(Records for this exercise):

★ ★ ★ ★ ★

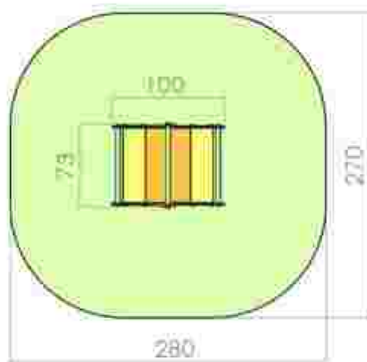

Balansoar pe arcuri barca LKA03-165

Dimensiuni: 100 cm x 73 cm
Spațiu de siguranță: 280 cm x 270 cm
Grupa de vârstă: 3-12 ani
Înălțime maximă de cadere: 57 cm

LKA03-165
Pret: 437 € + TVA

★ ★ ★ ★ ★

(What the task requires):
Retype the entries verbatim and drop the pictures.

(Response to the task):
Balansoar pe arcuri barca LKA03-165

Dimensiuni: 100 cm x 73 cm
Spațiu de siguranță: 280 cm x 270 cm
Grupa de vârstă: 3-12 ani
Înălțime maximă de cadere: 57 cm

LKA03-165
Pret: 437 € + TVA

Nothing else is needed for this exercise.